Understanding Shot Volume Factors…

I received this interesting question from a blog reader the other day…


I recently came across this term: Shot Volume Factor and the units are in^3/in (cubic inches per inch). 

I speculate that it is some kind of volume conversion number that when used will allow a user to quickly convert shot size from machine to machine. 

What is this term and how is it calculated?

My Response

As the screw travels forward, it displaced a specific amount of volume as it travels forward. This factor is a machine-specific value which converts the linear displacement of the screw into the volume displaced within the barrel. 

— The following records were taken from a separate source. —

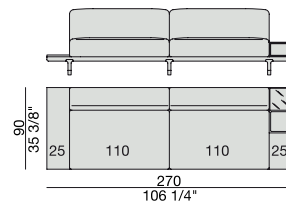

SOFA High Arm
220x90

SOFA with Container
245x90

SOFA with Coffee Table
245x90

SOFA with side Container
220x90

SOFA with side Coffee Table
220x90

SOFA
270x90

SOFA High Arm
270x90

SOFA with Coffee Table
270x90

SOFA with side Container
270x90

SOFA with side Coffee Table
270x90

**SOFA/CENTRAL UNIT
with Containers**
220x90

**SOFA/CENTRAL UNIT
with Coffee Tables**
220x90

**SOFA/CENTRAL UNIT
with Coffee table and Container**
220x90

**SOFA/CENTRAL UNIT
with Containers**
270x90

**SOFA/CENTRAL UNIT
with side Coffee tables**
270x90

**SOFA/CENTRAL UNIT
with Coffee table and Container**
270x90

CENTRAL UNIT
170x90

CENTRAL UNIT with Container
195x90

CENTRAL UNIT with Coffee Table
195x90

CENTRAL UNIT
220x90

CENTRAL UNIT with Coffee Table
220x90

CENTRAL UNIT with Container
245x90

CENTRAL UNIT with Coffee Table
245x90

CENTRAL UNIT with Coffee Table
270x90
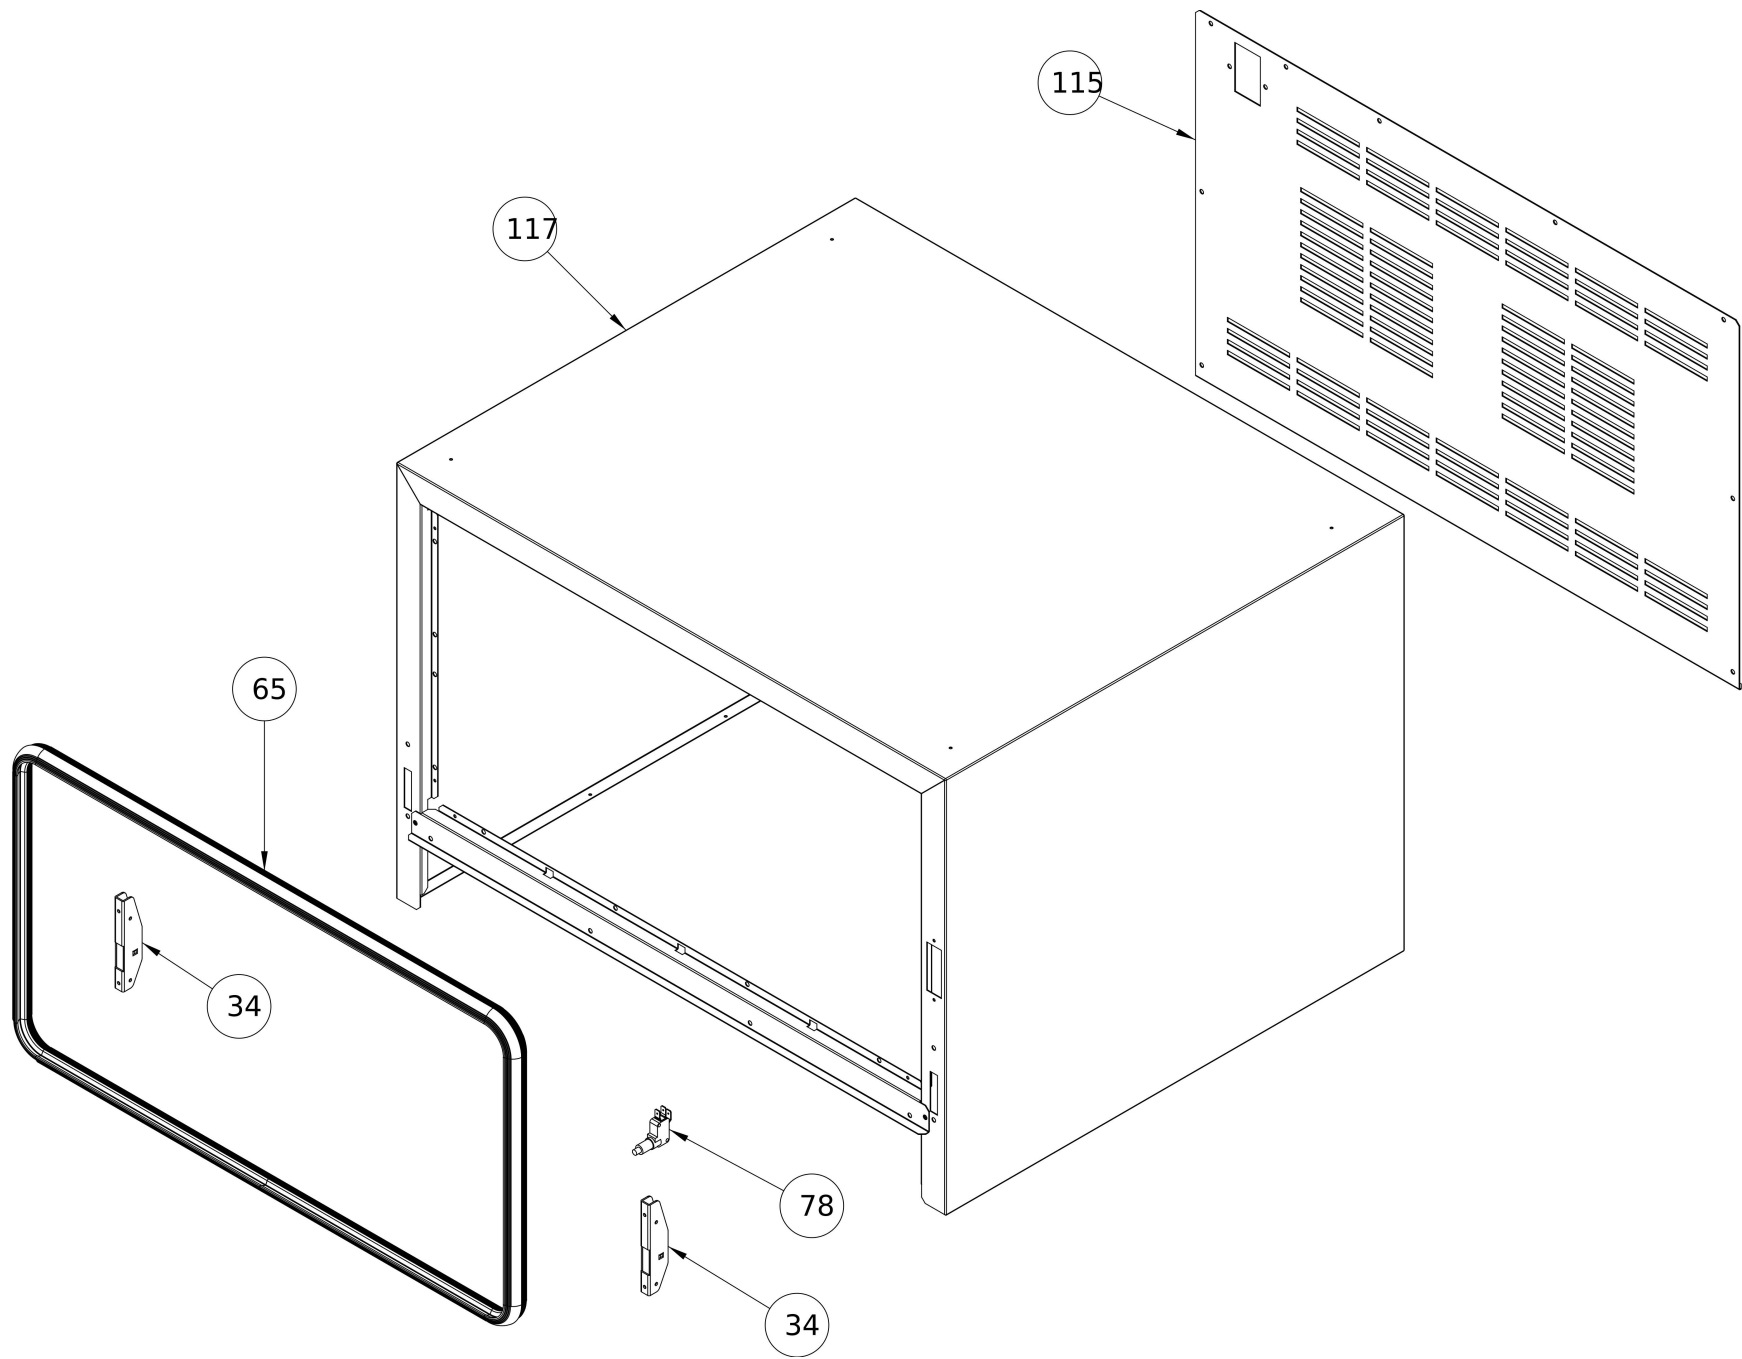

Frontal panel

#	Code	Description	Specification	UM	Qty
1	R51FRO00002	RADAX FRONTAL STICKER	For Radax oven	pz	1
1	R51FRO00015	TATRA FRONTAL STICKER	For Tatra oven	pz	1
9	R85CRU00002	Frontal panel		pz	1
16	R20SCH00002	DISPLAY ELECTRONIC BOARD		pz	1

Electrical box

#	Code	Description	Specification	UM	Qty
79	R20MOR00001	TERMINAL BLOCK		pz	1
82	R20TEL00001	BRAKER		pz	2
83	R20REG00001	SAFETY THERMOSTAT		pz	1
91	R60PIE00001	PLASTIC FEET		pz	4
93	R70DGA00001	BOX NUT		pz	4
98	R20MOR00002	THERMINAL BLOCK BRIDGE		pz	1
197	R20SCH00001	ELECTRONIC BOARD POWER		pz	1
341	R20CND00001	MOTOR CAPACITOR		pz	1

Door

#	Code	Description	Specification	UM	Qty
29	R50PAR00002	DOOR HANDLE PIPE		pz	2
30	R30TBA00004	HANDLE PIPE PLUG		pz	1
33	R60CER00001	DOOR SPRING HINGE		pz	2
37	R80VET00002	DOOR INTERNAL GLASS		pz	1
38	R80VET00001	RADAX DOOR EXTERNAL GLASS	For Radax oven	pz	1
38	R80VET00021	TATRA DOOR EXTERNAL GLASS	For Tatra oven	pz	1
39	R85PTA00002	DOOR ASSEMBLY	To order share s/n	pz	1
44	R60BCC00004	INTERNAL GLASS HINGE		pz	4

Oven body

#	Code	Description	Specification	UM	Qty
34	R60CER00002	OVEN HINGE		pz	2
65	R50GUA00001	DOOR GASKET		pz	2
78	R20PUL00002	DOOR MICRO		pz	1
115	R10FIA00003	REAR PANEL		pz	1
117	R10FIA00001	COVER PANEL		pz	1

The shot volume factor can be calculated by determining the

 surface area in front of the screw.

Just multiply pi times the radius squared: π*(r^2)

Imperial Example:
1.2 inch diameter screw

π*(r^2) = (3.14)*(0.6in)*(0.6in) = 1.1in^3/in

Metric Example:
30mm diameter screw

π*(r^2) = (3.14)*(15mm)*(15mm) = 707mm^3/mm

Additional Thoughts

Once determined, just multiply the distance the screw travels times the factor to determine the actual displacement of the screw.

Adversely, if you know the estimated shot volume, just divide the volume by the shot factor to estimate the linear displacement necessary to fill the mold.

Calculating this for each machine can be a great way to help your employees quickly identify the differences between each machine.